WHAT YOU SHOULD DO
From the line with "ALLUX – STAV s.r.o." through the final line below, restate each line word for word and return nothing else.

GIVEN ENTRIES
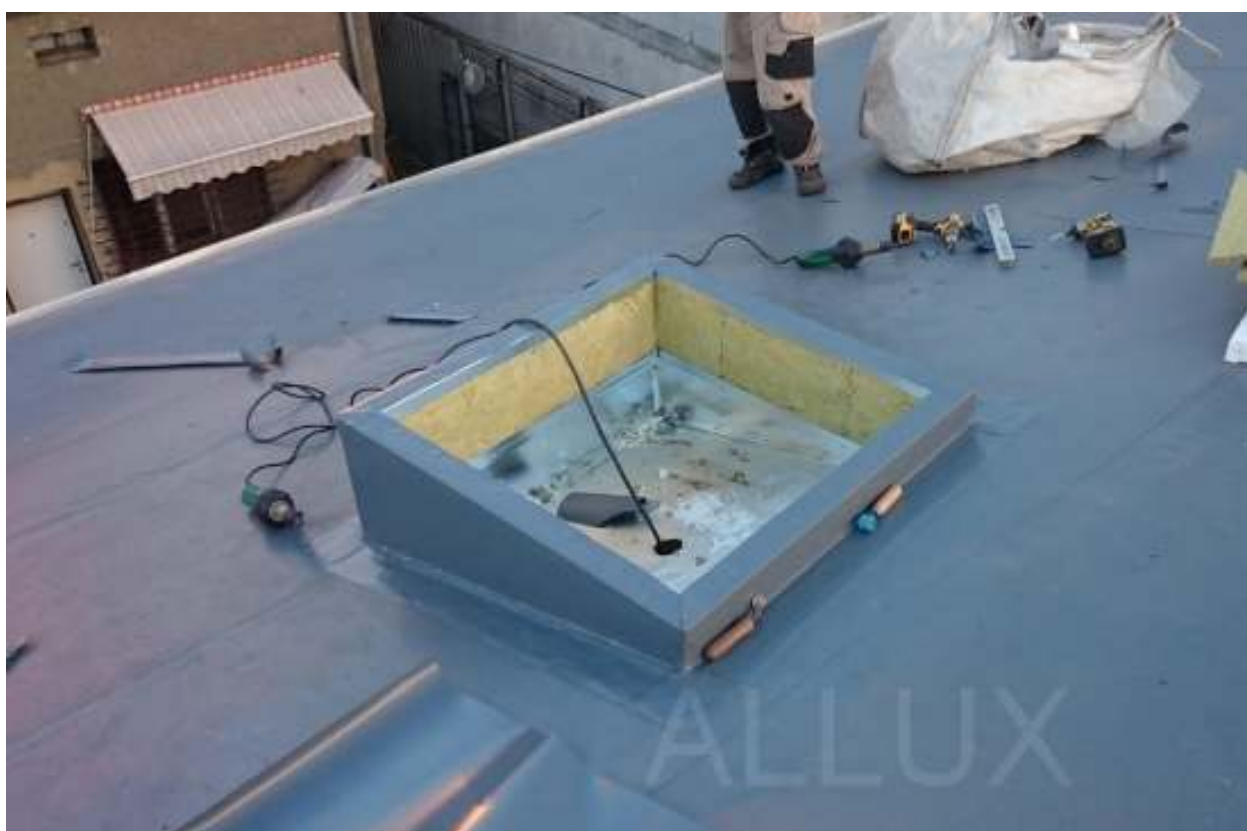

V případě dotazů nás kontaktujte na tel.: **281 860 993** e-mail: obchod@allux.cz web: www.svetlovod.cz

ALLUX – STAV s.r.o.
Nademlejská 600/1
198 00 Praha 9

DIČ:CZ27193021
tel.: 281 860 993

e-mail: obchod@allux.cz
<http://www.allux.cz>

Firma zapsána v OR vedeným Městským soudem v Praze, oddíl C, vložka 103385

RESPONSE BELOW
ALLUX – STAV s.r.o.
Nademlejská 600/1
198 00 Praha 9

DIČ:CZ27193021
tel.: 281 860 993

e-mail: obchod@allux.cz
<http://www.allux.cz>

Firma zapsána v OR vedeným Městským soudem v Praze, oddíl C, vložka 103385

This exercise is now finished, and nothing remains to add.